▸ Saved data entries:
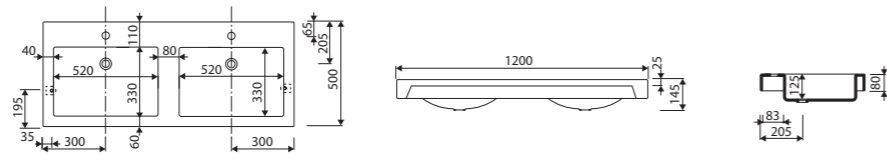

with or without tap opening, with or without overflow

recommended mounting method: countertop, vanity unit

MOIRA BIS 120 DUET

Index: 280 120 2xx xx x

page 38

LENGTH 1200 WIDTH 500 HEIGHT 145 mm

with two tap openings or without openings with overflow
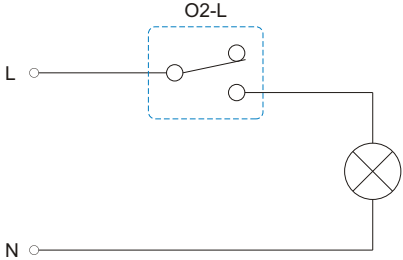

Connection schemes for O2

TN-007

Cybrotech Ltd
14 Brinell Way, Harfreys Industrial Estate
Great Yarmouth, Norfolk, Nr31 OLU - UK
tel: +44 (0)1493 650 222
www.cybrotech.co.uk
info@cybrotech.co.uk

Switching lights

No manual control (only O2-L)

Traditional wiring

O2-L added to traditional wiring

Note: When adding O2-L to traditional wiring replace last changeover switch with reversing switch
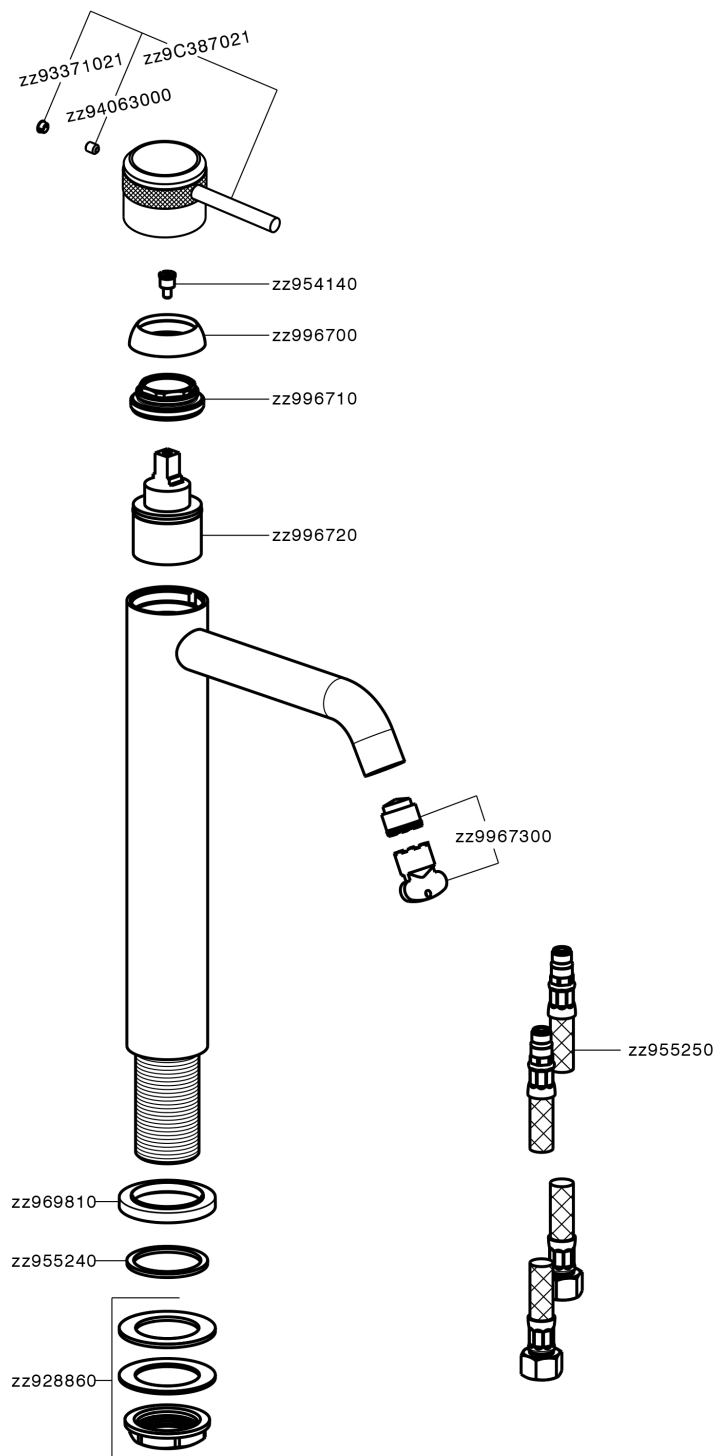

Single lever tall basin mixer CHRONOS_CR004540

MODEL **CR004540**

Single lever tall basin mixer, without automatic pop-up waste, G.3/8" stainless steel flexible hose

AVAILABLE FINISHINGS

-  **21** 21 Chrome
-  **2F** 2F Brushed Nickel
-  **2Q** 2Q Black Titanium

CHARACTERISTICS

Cartridge Spare Parts **ZZ99672000**

35 mm Cartridge

EcoStop

EcoStop feature limits water flow to approximately 50% of maximum output with one point of resistance on setting. Push slightly past the middle stop only when full water output is required. This will save water up to 50%.

Single lever tall basin mixer CHRONOS_CR004540

CR004540

<https://en.huberitalia.com/single-lever-tall-basin-mixer-chronos-cr004540>

2024-12-22
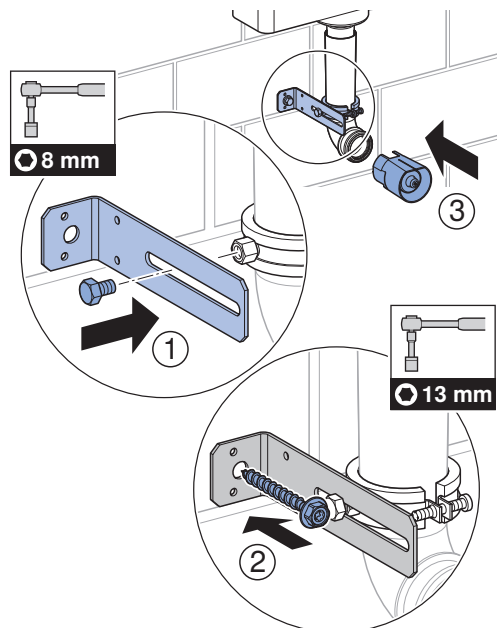

# INSTALLATION MANUAL

MONTAGEANLEITUNG  
INSTRUCTIONS DE MONTAGE  
ISTRUZIONI PER IL MONTAGGIO

972.487.00.0(00)

Visit [Plumb2u](https://www.plumb2u.com)

See product

1

2

Visit [Plumb2u](https://www.plumb2u.com)

See product

**3****4****5****2****1****2****3****Visit Plumb2u****See product**

4

6

5

7

8
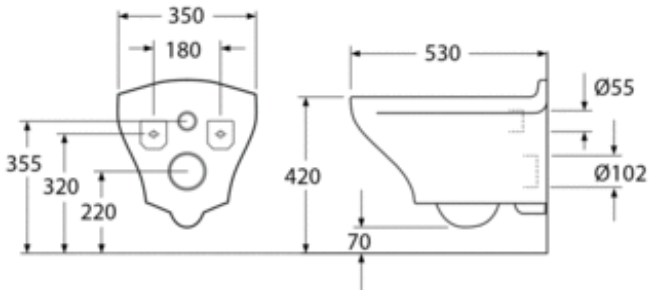

DRAWING

A MEMBER OF THE
VILLEROY & BOCH GROUP

Villeroy & Boch Gustavsberg AB
Box 400, 134 29 Gustavsberg, Sweden
Tel: +46 (0) 8-570 391 00 | Fax +46 8 570 320 36
gustavsberg.com | e-post: info@gustavsberg.com
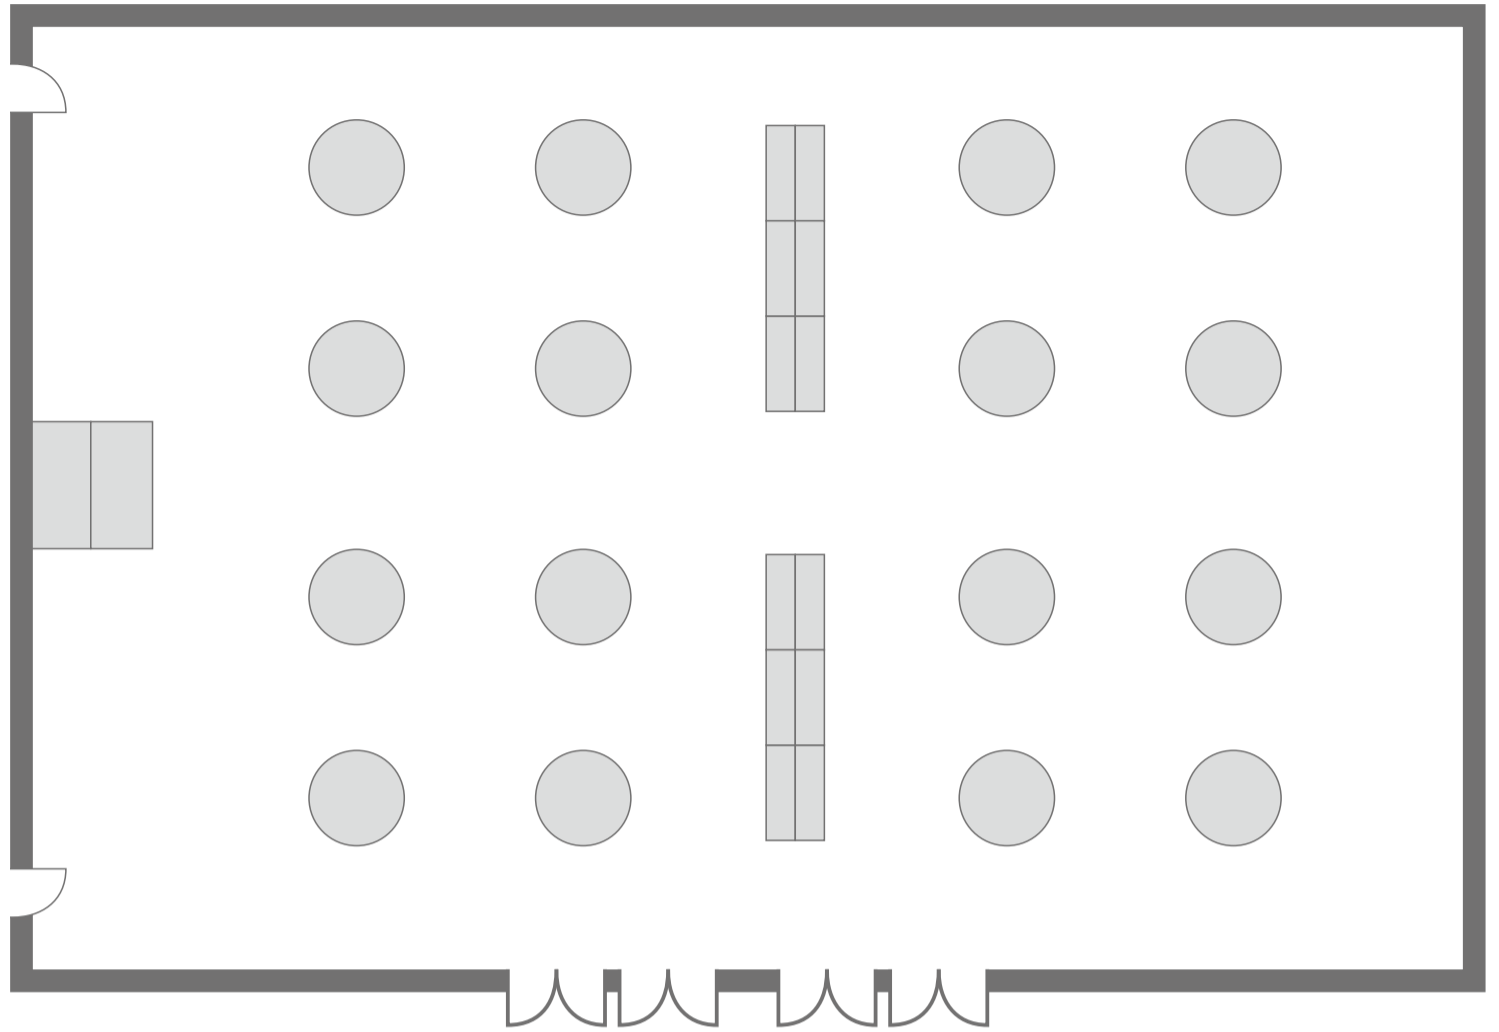

Theater

(Mobile Audience Seats)

405seats
Mobile Audience Seats:
330seats
Floor : 75seats

Theater

399seats
7seats × 3line × 19line

Classroom-style

252seats
6seats×3line×14line

Exhibition

24booths

Reception

Buffet party
350people 16table

Theater

195seats 5seats × 3line × 13line

Classroom-style

120seats 3seats × 5line × 8line

U-Shape

54seats

Reception

Buffet party 175people 6table
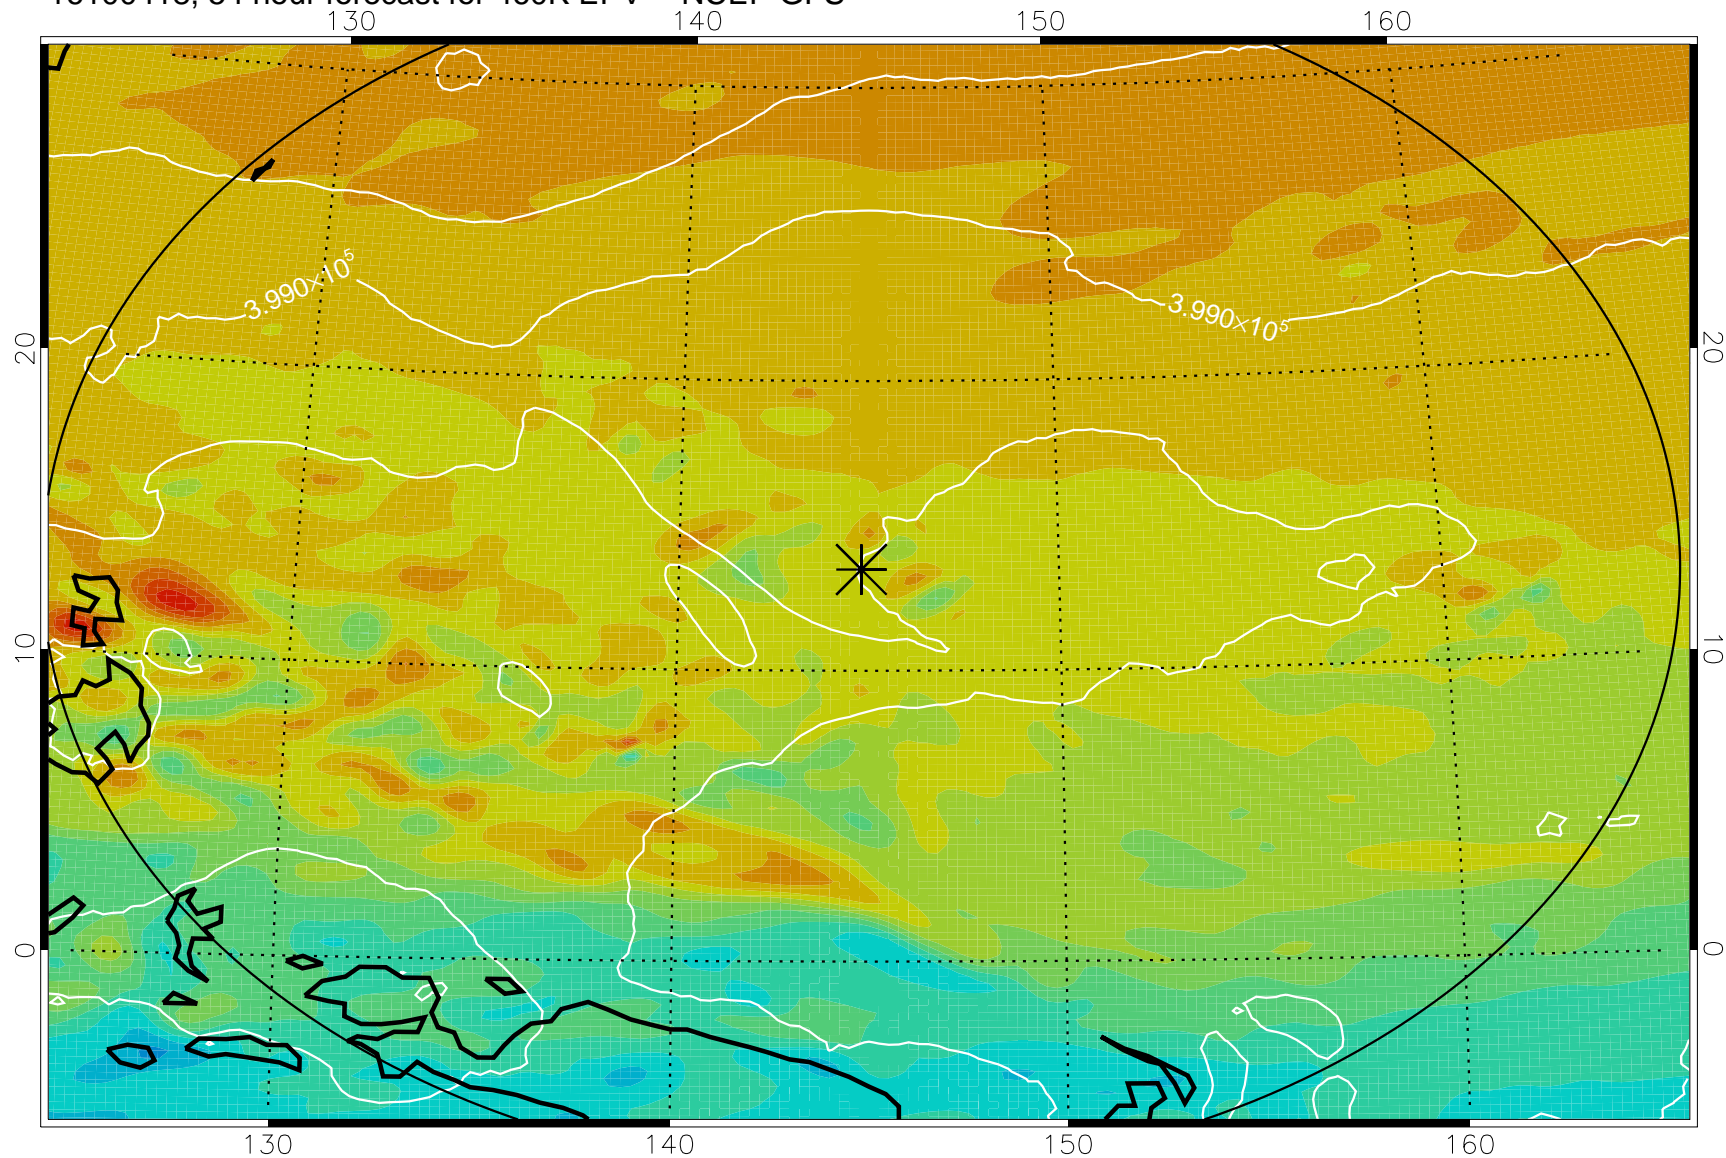

16100406, 42 hour forecast for 460K EPV -- NCEP GFS

460K Montgomery Streamfunction, white

Range ring of 2304 km

16100412, 48 hour forecast for 460K EPV -- NCEP GFS

460K Montgomery Streamfunction, white

Range ring of 2304 km

16100418, 54 hour forecast for 460K EPV -- NCEP GFS

460K Montgomery Streamfunction, white

Range ring of 2304 km

16100500, 60 hour forecast for 460K EPV -- NCEP GFS

460K Montgomery Streamfunction, white

Range ring of 2304 km

16100506, 66 hour forecast for 460K EPV -- NCEP GFS

460K Montgomery Streamfunction, white

Range ring of 2304 km

16100512, 72 hour forecast for 460K EPV -- NCEP GFS

460K Montgomery Streamfunction, white

Range ring of 2304 km

16100518, 78 hour forecast for 460K EPV -- NCEP GFS

460K Montgomery Streamfunction, white

Range ring of 2304 km

16100600, 84 hour forecast for 460K EPV -- NCEP GFS

460K Montgomery Streamfunction, white

Range ring of 2304 km
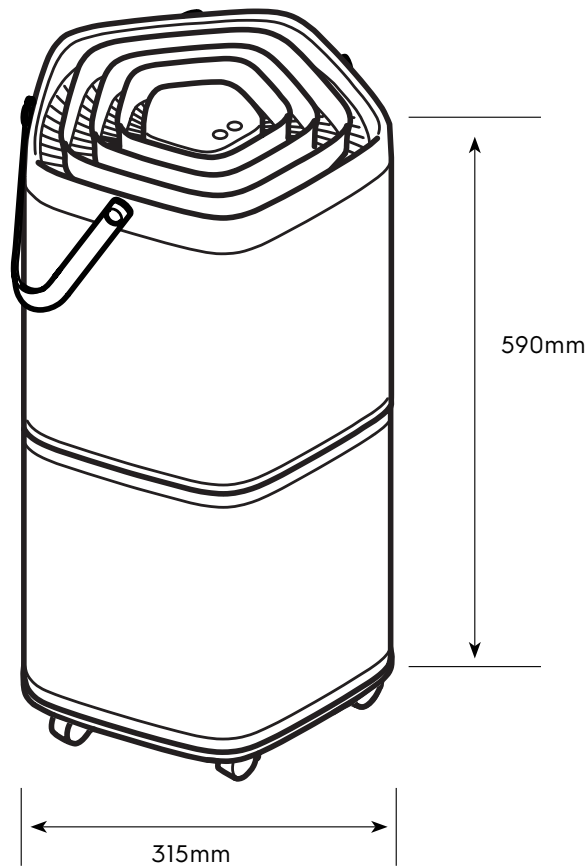

Dimension Guide

Air-purifier

Model:

EP71-56WBA

Please note! Dimensions to be used as a guide only. All customers MUST refer to the user manual supplied with the product for detailed installation instructions.

© 2019 Electrolux Home Products Pty Ltd. E_DIM_EP71-56WBA_Oct21
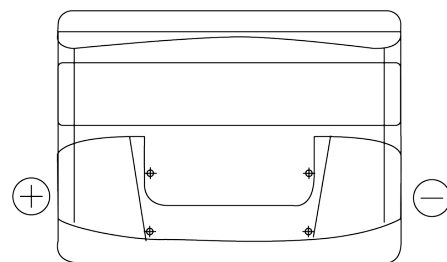

**Product overview**

Batteries for Cars

**Formula FB621**

Part number	FB621
Technology	Flooded
EAN/GTIN	3661024044547
Voltage	12 V
Capacity	62 Ah
CCA	540 A
Length	242 mm
Width	175 mm
Height	190 mm
Box size	L02
Polarity	ETN 1
Terminal Type	EN taper post
Hold Down	B13
Weights (subject of variation)	14.20 kg

**Polarity**

**Terminal Type**

Positive Terminal

Negative Terminal

**Hold Down**

Design, features and specifications are subject to change without notice. We disclaim any representation or warranty, express or implied, concerning the data or recommendations, and in no event shall be liable for any loss or damage claimed to have arisen as a result. Some products may not be available in your local market.
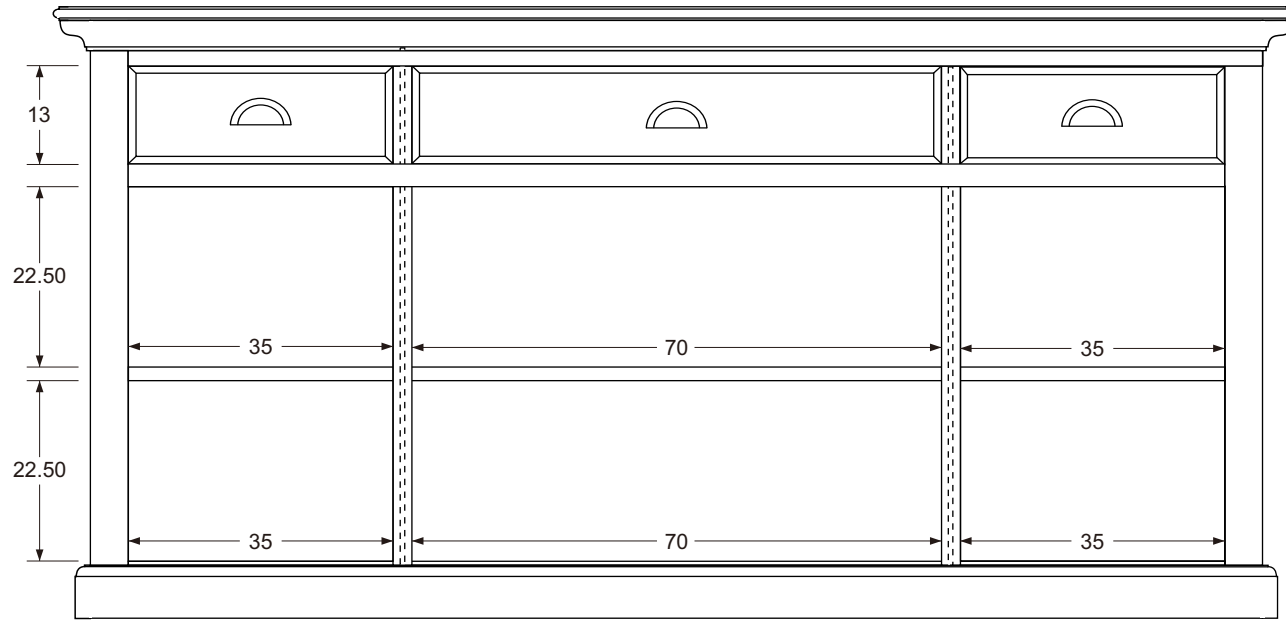

Technical Drawing

CA633

Halifax Buffet Console Table

**NOVA
SOLO**

FRONT VIEW

SIDE VIEW

**NOVA
SOLO**

FRONT OPEN VIEW

LARGE DRAWER DETAIL

SMALL DRAWER DETAIL

▸ Directions:
Every line of the records above should be copied exactly, while the pictures are left behind.

▸ Response:
with or without tap opening, with or without overflow

recommended mounting method: countertop, vanity unit

MOIRA BIS 120 DUET

Index: 280 120 2xx xx x

page 38

LENGTH 1200 WIDTH 500 HEIGHT 145 mm

with two tap openings or without openings with overflow

Connection schemes for O2

TN-007

Cybrotech Ltd
14 Brinell Way, Harfreys Industrial Estate
Great Yarmouth, Norfolk, Nr31 OLU - UK
tel: +44 (0)1493 650 222
www.cybrotech.co.uk
info@cybrotech.co.uk

Switching lights

No manual control (only O2-L)

Traditional wiring

O2-L added to traditional wiring

Note: When adding O2-L to traditional wiring replace last changeover switch with reversing switch

Single lever tall basin mixer CHRONOS_CR004540

MODEL **CR004540**

Single lever tall basin mixer, without automatic pop-up waste, G.3/8" stainless steel flexible hose

AVAILABLE FINISHINGS

-  **21** 21 Chrome
-  **2F** 2F Brushed Nickel
-  **2Q** 2Q Black Titanium

CHARACTERISTICS

Cartridge Spare Parts **ZZ99672000**

35 mm Cartridge

EcoStop

EcoStop feature limits water flow to approximately 50% of maximum output with one point of resistance on setting. Push slightly past the middle stop only when full water output is required. This will save water up to 50%.

Single lever tall basin mixer CHRONOS_CR004540

CR004540

<https://en.huberitalia.com/single-lever-tall-basin-mixer-chronos-cr004540>

2024-12-22

# INSTALLATION MANUAL

MONTAGEANLEITUNG  
INSTRUCTIONS DE MONTAGE  
ISTRUZIONI PER IL MONTAGGIO

972.487.00.0(00)

Visit [Plumb2u](https://www.plumb2u.com)

See product

1

2

Visit [Plumb2u](https://www.plumb2u.com)

See product

**3****4****5****2****1****2****3****Visit Plumb2u****See product**

4

6

5

7

8

DRAWING

A MEMBER OF THE
VILLEROY & BOCH GROUP

Villeroy & Boch Gustavsberg AB
Box 400, 134 29 Gustavsberg, Sweden
Tel: +46 (0) 8-570 391 00 | Fax +46 8 570 320 36
gustavsberg.com | e-post: info@gustavsberg.com

Theater

(Mobile Audience Seats)

405seats
Mobile Audience Seats:
330seats
Floor : 75seats

Theater

399seats
7seats × 3line × 19line

Classroom-style

252seats
6seats×3line×14line

Exhibition

24booths

Reception

Buffet party
350people 16table

Theater

195seats 5seats × 3line × 13line

Classroom-style

120seats 3seats × 5line × 8line

U-Shape

54seats

Reception

Buffet party 175people 6table

16100406, 42 hour forecast for 460K EPV -- NCEP GFS

460K Montgomery Streamfunction, white

Range ring of 2304 km

16100412, 48 hour forecast for 460K EPV -- NCEP GFS

460K Montgomery Streamfunction, white

Range ring of 2304 km

16100418, 54 hour forecast for 460K EPV -- NCEP GFS

460K Montgomery Streamfunction, white

Range ring of 2304 km

16100500, 60 hour forecast for 460K EPV -- NCEP GFS

460K Montgomery Streamfunction, white

Range ring of 2304 km

16100506, 66 hour forecast for 460K EPV -- NCEP GFS

460K Montgomery Streamfunction, white

Range ring of 2304 km

16100512, 72 hour forecast for 460K EPV -- NCEP GFS

460K Montgomery Streamfunction, white

Range ring of 2304 km

16100518, 78 hour forecast for 460K EPV -- NCEP GFS

460K Montgomery Streamfunction, white

Range ring of 2304 km

16100600, 84 hour forecast for 460K EPV -- NCEP GFS

460K Montgomery Streamfunction, white

Range ring of 2304 km

Dimension Guide

Air-purifier

Model:

EP71-56WBA

Please note! Dimensions to be used as a guide only. All customers MUST refer to the user manual supplied with the product for detailed installation instructions.

© 2019 Electrolux Home Products Pty Ltd. E_DIM_EP71-56WBA_Oct21

**Product overview**

Batteries for Cars

**Formula FB621**

Part number	FB621
Technology	Flooded
EAN/GTIN	3661024044547
Voltage	12 V
Capacity	62 Ah
CCA	540 A
Length	242 mm
Width	175 mm
Height	190 mm
Box size	L02
Polarity	ETN 1
Terminal Type	EN taper post
Hold Down	B13
Weights (subject of variation)	14.20 kg

**Polarity**

**Terminal Type**

Positive Terminal

Negative Terminal

**Hold Down**

Design, features and specifications are subject to change without notice. We disclaim any representation or warranty, express or implied, concerning the data or recommendations, and in no event shall be liable for any loss or damage claimed to have arisen as a result. Some products may not be available in your local market.

Technical Drawing

CA633

Halifax Buffet Console Table

**NOVA
SOLO**

FRONT VIEW

SIDE VIEW

**NOVA
SOLO**

FRONT OPEN VIEW

LARGE DRAWER DETAIL

SMALL DRAWER DETAIL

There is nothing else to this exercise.